*YOUR ASSIGNMENT*:
Where the word "browed" occurs in a line of the data, return the whole line.

══ EXTRACTED RECORDS ══

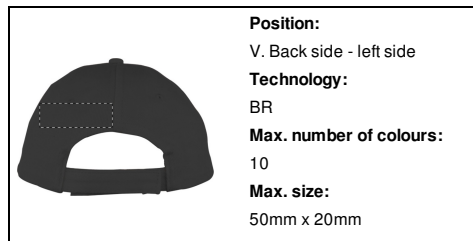

AP741888-10

Rittel baseball cap

Baseball cap with 6 panels and velcro closure, 100% brushed cotton.

Other colours

Product information

Item number	AP741888-10
Product name	baseball cap
Description	Baseball cap with 6 panels and velcro closure, 100% brushed cotton.
Colour(s)	black
Material(s)	Brushed cotton
Individual product weight	60 g
Country of origin	CN
Tariff number	6505003000
EAN Code	5996425550143

Product specific details

Gender	Unisex
Baseball hat panels	6 panel
Baseball cap size adjustment	Velcro

Packing details

Quantity	200 pcs
Gross weight	14 kg
Net weight	12 kg
Export carton dimensions	75 x 45 x 38 cm
Cubage	0.12825 m3
Inner carton quantity	50 pcs

Printing info

Position:
III. Left side
Technology:
DTA
Max. number of colours:
No colour
Max. size:
55mm x 55mm

Position:
III. Left side
Technology:
BR
Max. number of colours:
10
Max. size:
80mm x 55mm

Position:
II. Front - right
Technology:
TA
Max. number of colours:
8
Max. size:
55mm x 55mm

Position:
I. Front - left
Technology:
DTA
Max. number of colours:
No colour
Max. size:
55mm x 55mm

Position:
I. Front - left
Technology:
BR
Max. number of colours:
10
Max. size:
55mm x 55mm
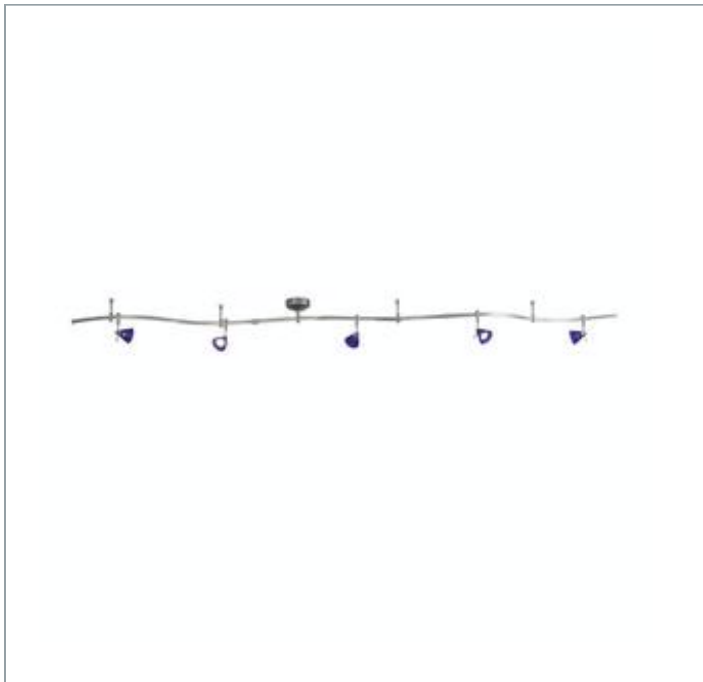

✉ 33 West Beaver Creek Road Richmond Hill
 Ontario Canada L4B 1L8
 ☎ 800.660.5391
 📠 800.660.5390
 📧 info@eurofase.com
 🌐 www.eurofase.com

KOMET , 5-LIGHT TRACK KIT

Product Specifications

Model No.: KIT-5KMT
 Height: 12.5"
 Length: 96"
 Est. Shipping Weight: 13.5685 lbs
 No. of Bulbs: 5 Inc.
 Bulb Wattage: 20 watts
 Bulb Type: MR16/C
 Bulb Base: GU5.3
 Bulb Voltage: 12 volts

Options Available

ITEM CODE	FINISH	SHADE
KIT-5KMT-34	platinum	frost/blue

Colour / Shades Available

FINISH	SHADE
platinum	 frost/blue

Cone glass shade, two colors included. Handle for adjustment while hot. 5 light all-in-one track kit. Heads and power feed can be positioned anywhere along the track. Low voltage (12V) open conductors are safe to touch. Bend track to desired shape. No exposed wires. Fully adjustable track heads.
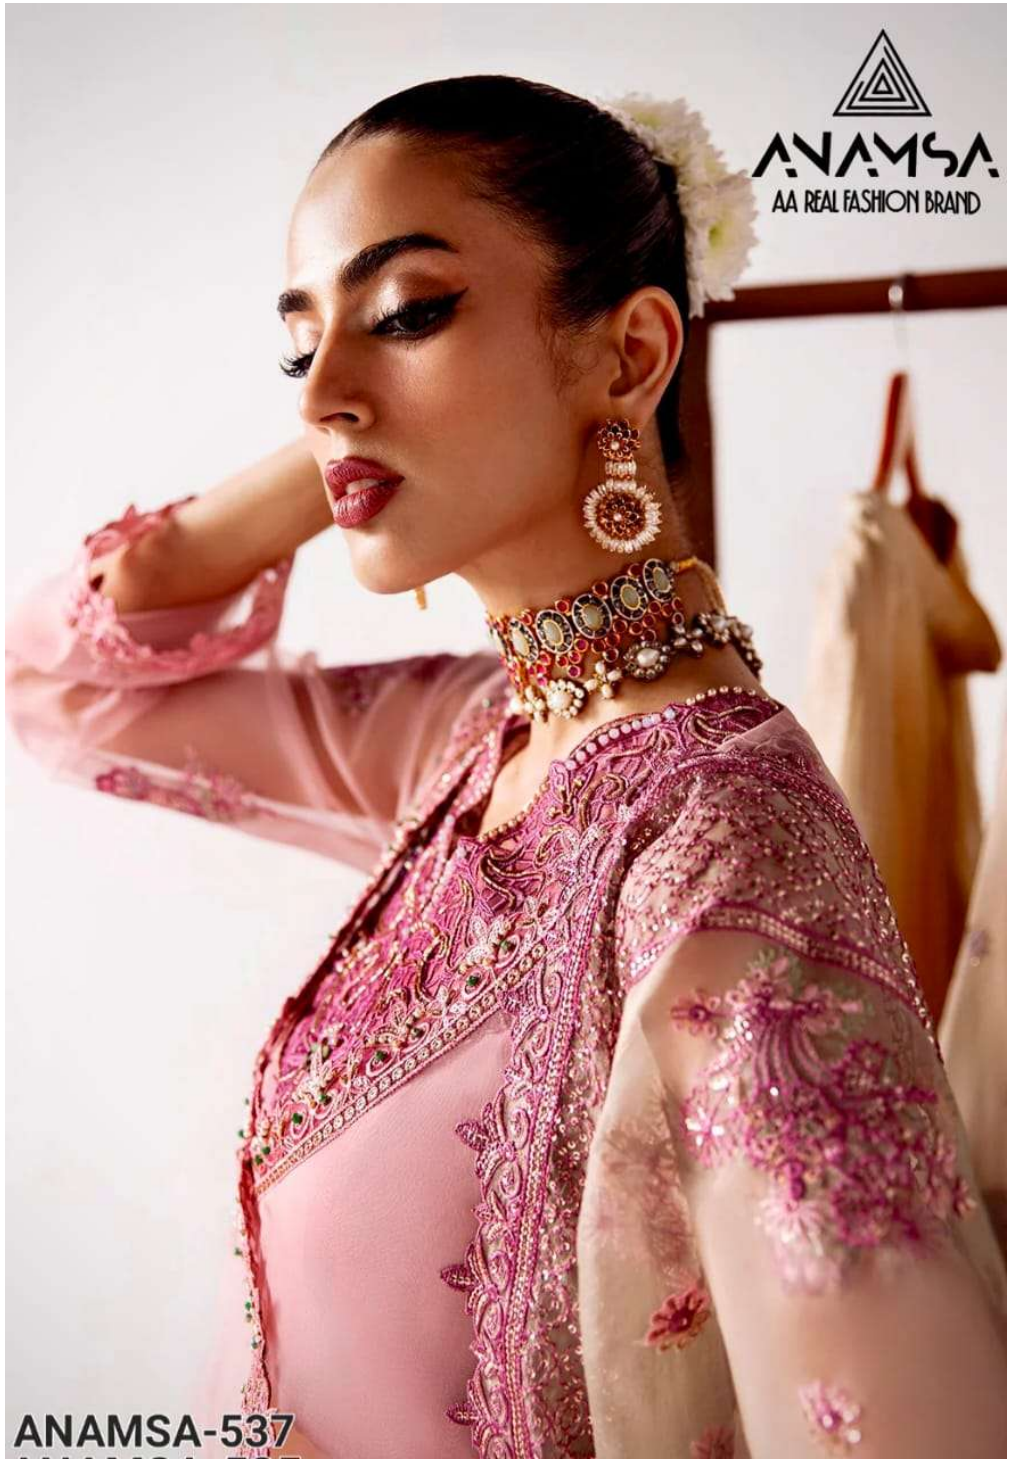

**ANAMSA**  
AA REAL FASHION BRAND

**ANAMSA-537**

**ANAMSA**  
AA REAL FASHION BRAND  
**ANAMSA-537**

ANAMSA-537

  
**ANAMSA**  
AA REAL FASHION BRAND

  
**ANAMSA**  
AA REAL FASHION BRAND

**ANAMSA-537**

  
**ANAMSA**  
AA REAL FASHION BRAND

**ANAMSA-537**

  
**ANAMSA**  
AA REAL FASHION BRAND

**ANAMSA-537**

  
**ANAMSA**  
AA REAL FASHION BRAND

**ANAMSA-537**

  
**ANAMSA**  
AA REAL FASHION BRAND

ANAMSA-537

**ANAMSA**  
AA REAL FASHION BRAND

**ANAMSA-537**

  
**ANAMSA**  
AA REAL FASHION BRAND

**ANAMSA-537**

SEMI STICH COLLECTION

TOP- PURE FOX GEORGETTE WITH HEAVY EMBROIDERY AND SEQUENCE WORK WITH MOTI WORK

BOTTOM INNER- DULL SHANTOON

DUPATTA- PURE FOX GEORGETTE FANCY DUPATTA WITH HEAVY EMBROIDERY
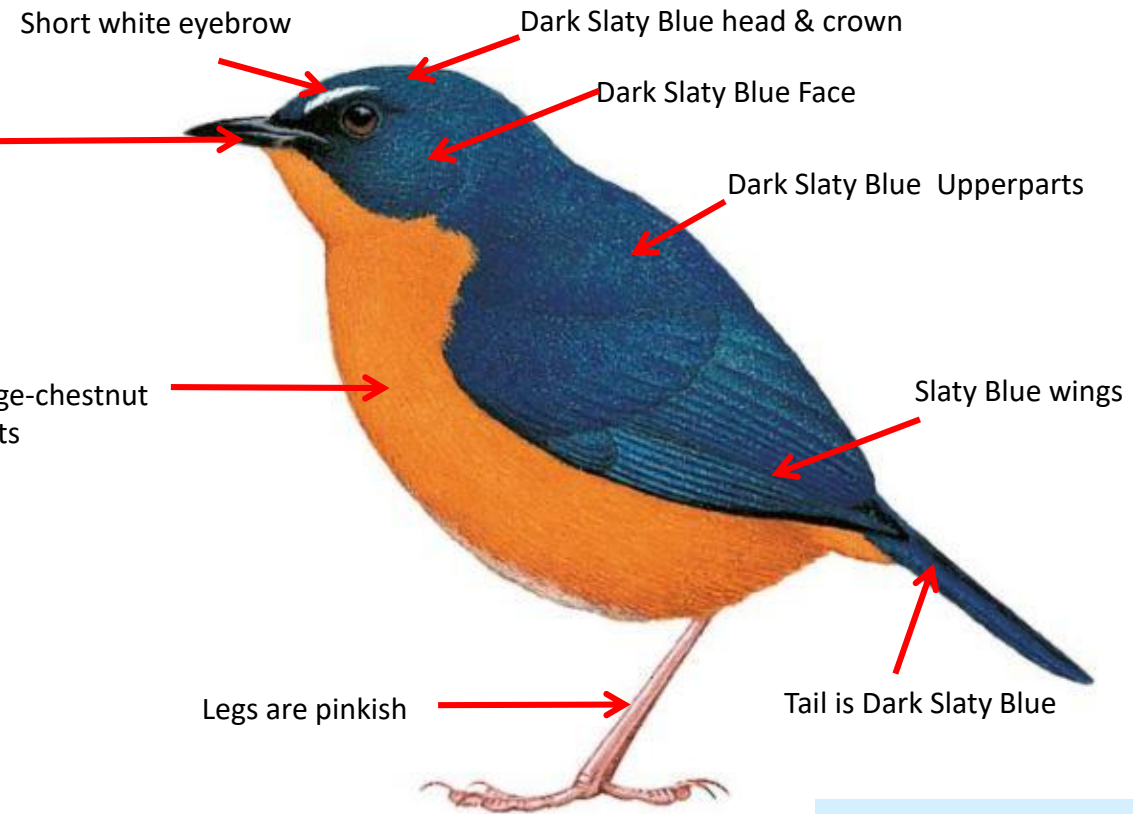

Important id point

Both the sexes are similar

Lesser Shortwing Identification Tips- *B.I.nipalensis*

Lesser Shortwing : *Barchypteryx leucophris nipalensis* : Resident of Himalayas & North East India

Reference : Birds of Indian Subcontinent
Inskipp and Grimmett
www.HBW.com
©www.ogaclicks.com

Important id point

Difference from Male

Distribution

Rusty-bellied Shortwing Identification Tips

Rusty-bellied Shortwing : *Barchypteryx hyperythra* : Resident of East Himalayas & North East India

Reference : Birds of Indian Subcontinent
Inskipp and Grimmett
www.HBW.com
©www.ogaclicks.com

Important id point
Difference from Male

White-browed Shortwing Identification Tips

White-browed Shortwing : *Barchipteryx montana* : Resident of Himalayas & North East India

Reference : Birds of Indian Subcontinent
Inskipp and Grimmett
www.HBW.com

═══

*WRITTEN SOLUTION*:
White-browed Shortwing Identification Tips
White-browed Shortwing : *Barchipteryx montana* : Resident of Himalayas & North East India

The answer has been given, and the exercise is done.